Dataset items
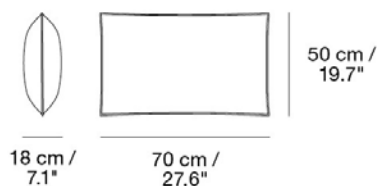

IN SITU MODULAR SOFA / CUSHION - 70 X 50 CM / 27.6 X 19.7"

Designed by Anderssen & Voll

An optional cushion for the In Situ Modular Sofa, bringing added comfort and a lounging expression to the design.

Material: Cushions in foam and fiberballs. Upholstered in textile.

Textile consumption for COM:
0,83 m / 0.91 yds

READY-TO-SHIP OPTIONS

ITEM NO.	COLOR	PRICE
41332 - 80	Ocean 80	EUR 115,50
41331 - 12	Clay 12	EUR 169,20

MADE-TO-ORDER INSPIRATION

ITEM NO.	COLOR	PRICE	MOQ	< MOQ FEE	START-UP FEE	LEAD TIME
41333 - 262	Fiord 262	EUR 133,40	1	-	-	6 weeks
41333 - 451	Fiord 451	EUR 133,40	1	-	-	6 weeks
41331 - 15	Clay 15	EUR 169,20	1	-	-	6 weeks
41338 - 554	Vidar 554	EUR 169,20	1	-	-	6 weeks

MADE-TO-ORDER OPTIONS

ITEM NO.	COLOR	PRICE	MOQ	< MOQ FEE	START-UP FEE	LEAD TIME
41332	Ocean - Color 3, 21, 32, 50, 52, 80 & 601	EUR 115,50	1	-	-	6 weeks
41333	Fiord - All Colors	EUR 133,40	1	-	-	6 weeks
41334	Hallingdal - All Colors	EUR 151,30	1	-	-	6 weeks
41335	Divina - All Colors	EUR 151,30	1	-	-	6 weeks
41336	Divina MD - All Colors	EUR 151,30	1	-	-	6 weeks
41337	Divina Melange - All Colors	EUR 151,30	1	-	-	6 weeks
41331	Clay - Color 1, 3, 6, 7, 9, 10, 12, 13, 14, 15 & 17	EUR 169,20	1	-	-	6 weeks
41338	Vidar - All Colors	EUR 169,20	1	-	-	6 weeks
41343	COM Textile	EUR 115,50	1	-	-	6-12 weeks

MUUTO
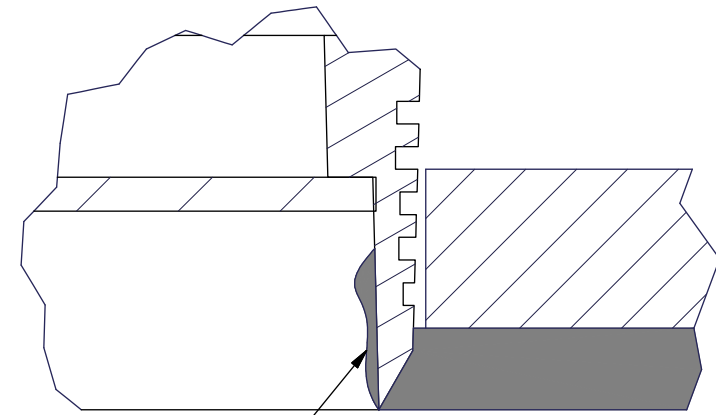

Recessed Ring ID 270 (inner diameter)

11799430

1  Ø 288mm

2

tighten

plaster finish

d (max 35mm)

3

4

NOT OK!

perfectly clean = OK!

CAN BE USED WITH

11790x09 - 11790x32: Scotty LED 1400L GE
11793x09 - 11793x32: Scotty Adj LED 1200L GE
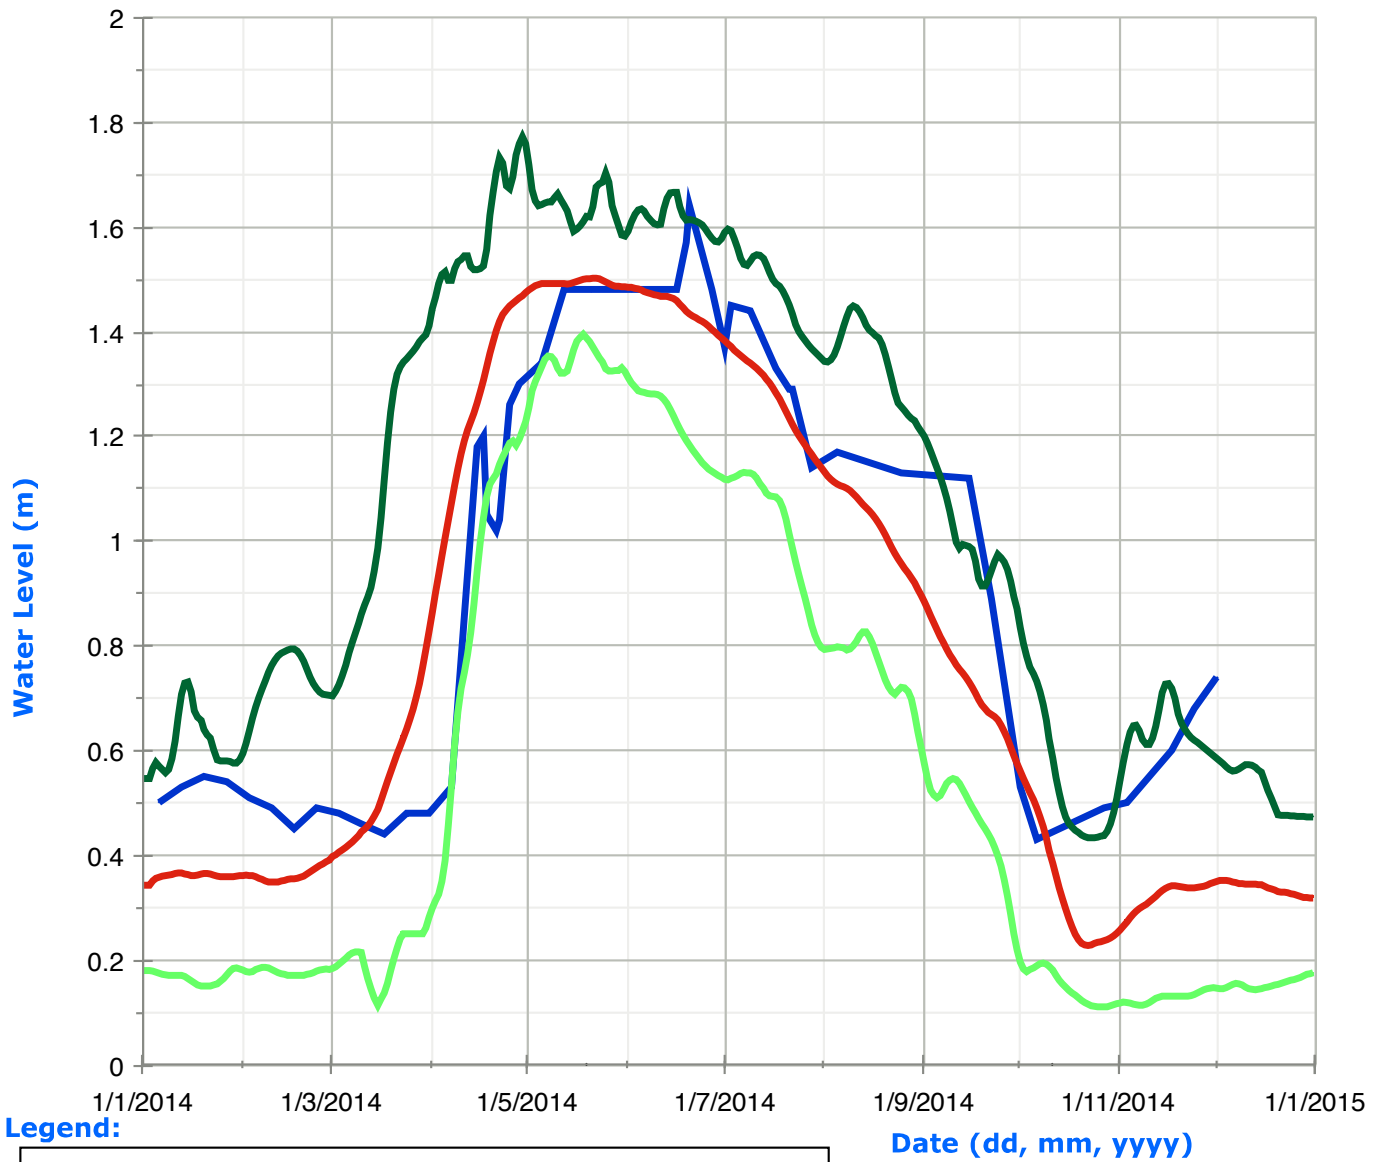

# Moore Lake Water Levels

Legend:

Date (dd, mm, yyyy)

# Bob Lake Water Levels

Legend:

**Historic High Water Levels**

**Historic Low Water Levels**

**Average Water Levels**

**Daily Water Levels**

Date (dd, mm, yyyy)

# Little Bob Lake Water Levels
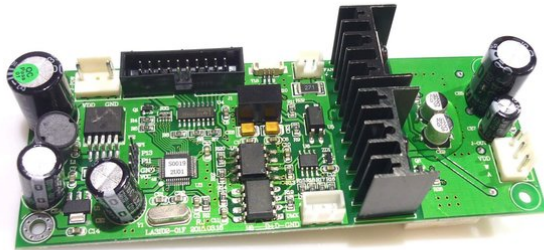

Pcb (Control) THEATRE (LA3102-01F)

Art. No.: E6508593
GTIN: 4026397570878

List price: 71.22 €
incl. 19% VAT.

All rights reserved. Subject to change without notice. Errors and omissions excepted.
Illustration only. Actual item may differ from photo.

Pcb (Control) THEATRE (LA3102-01F)

Art. No.: E6508593
GTIN: 4026397570878

Features:

All rights reserved. Subject to change without notice. Errors and omissions excepted.
Illustration only. Actual item may differ from photo.
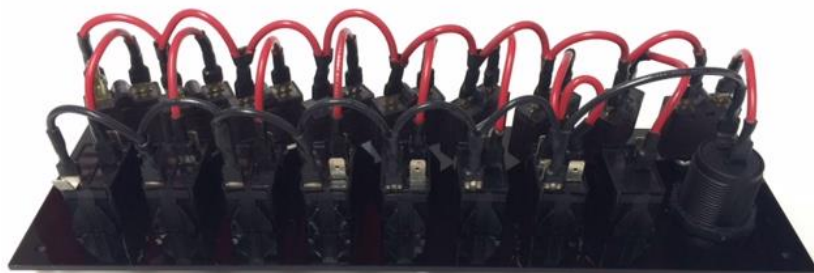

Fill My Panel

You may choose to purchase just a panel or we can fill your panel with the highest quality electrical components. Whether you purchase a stock or a custom panel, this option is available to you. We can even prewire your panel for you, so all you have to do is drop the panel in your console and connect your items.
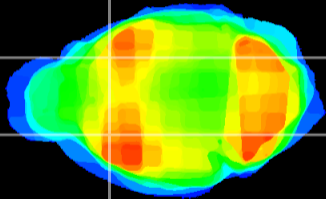

Coronal

Sagittal-R

Sagittal-L

ViBriSM: CX05398
Horizontal

CPU lateral
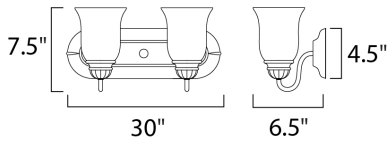

MEASUREMENTS

DIMENSION : 14" W x 7.5" H x 6.5" Ext
 BACK PLATE : 14.25" W x 4.5" H
 HANGING WEIGHT : 3.08 lb

LAMPING

INPUT VOLTAGE : 120V
 BULB : 2 x 100W Incandescent E26 Medium , 200W Total
 BULB INCLUDED : (Not Included)
 DIMMABLE : Yes
 LIGHTING_DIRECTION : Both
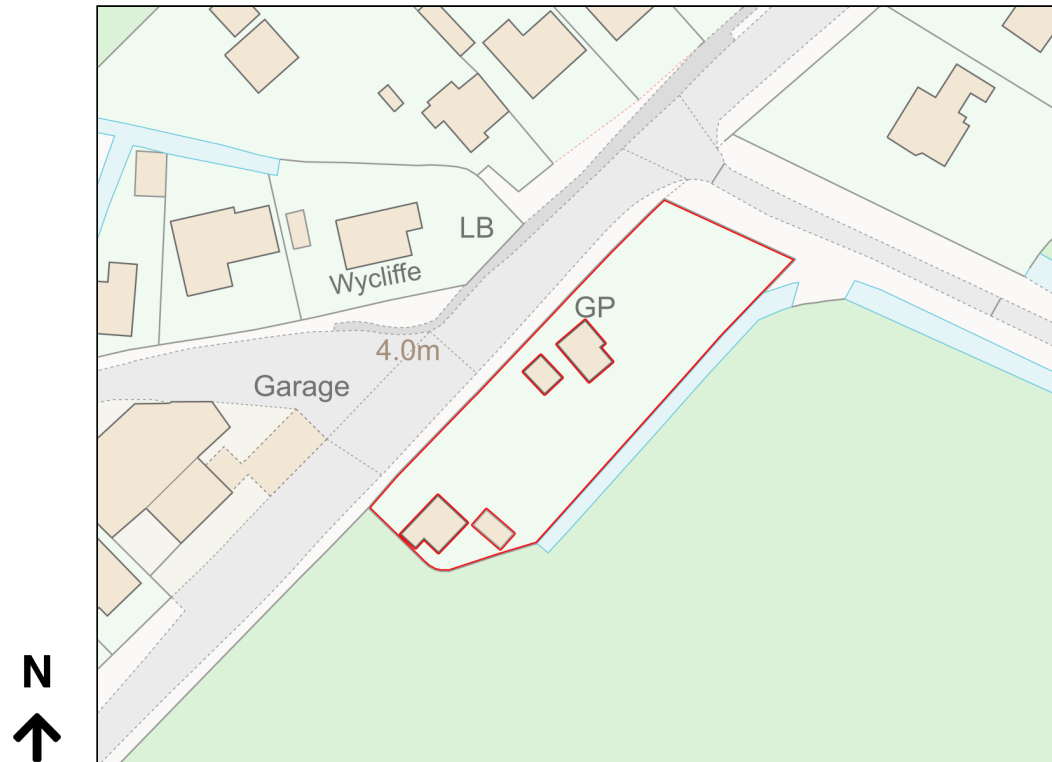

# Location Plan

Site Address: Fen View, Croft Bank, Croft, PE24 4RJ

Date Produced: 09-Dec-2023

Scale: 1:1250 @A4

Planning Portal Reference: PP-12666177v1
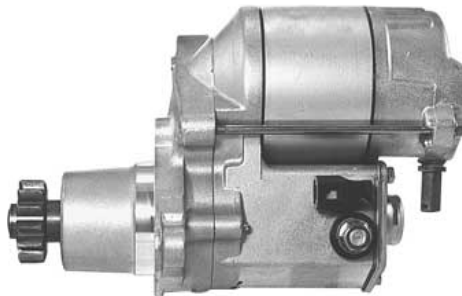

17382 12V/1.2KW/11T/CW
128000-1150
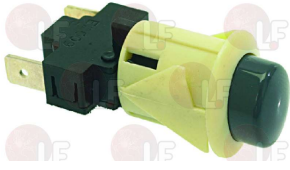

3319333 STARTING BUTTON 13x17
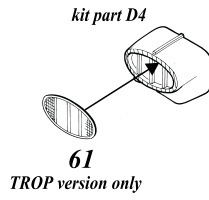

Beaufighter Mk.X

1/48 scale detail set for Tamiya kit

48 319

-  OPPOSITE SIDE
-  REMOVE
-  BEND
-  REPLACE
-  GRIND
-  OPTION

A COCKPIT

B INTERIOR

C ENGINE & GRILLS

D TORPEDO + BOMB
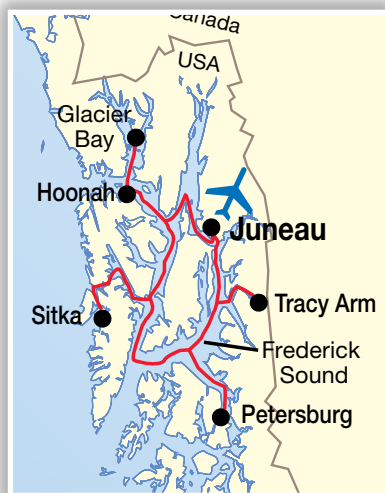

Summer 2012

Alaska Inside Passage Cruises June – September 2012

7-night roundtrip Inside Passage cruises
from Juneau, AK in June, July and August

11-night departure one way from
Seattle, WA to Juneau, AK – June 2

11-night departure one-way from
Juneau, AK to Seattle, WA – Sept. 1

Save \$400
per stateroom
SPECIAL EARLY BIRD SAVINGS
when you reserve 3 months
in advance*

7-night Alaska Inside Passage Juneau Roundtrip

2012 Departures

June 16, 23, 30
July 7, 14, 21, 28
Aug. 4, 11, 18, 25

2013 Departures

June 15, 22, 29
July 6, 13, 20, 27
Aug. 3, 10, 17, 24

11-night Seattle-Juneau Inside Passage

2012 Departures

Seattle, WA to Juneau, AK
June 2

## EXERCISE AIM
After locating the line containing "7-night Alaska Inside", write out that line and all remaining lines of the records exactly, with nothing added.

## SOLUTION FOR THIS TASK
7-night Alaska Inside Passage Juneau Roundtrip

2012 Departures

June 16, 23, 30
July 7, 14, 21, 28
Aug. 4, 11, 18, 25

2013 Departures

June 15, 22, 29
July 6, 13, 20, 27
Aug. 3, 10, 17, 24

11-night Seattle-Juneau Inside Passage

2012 Departures

Seattle, WA to Juneau, AK
June 2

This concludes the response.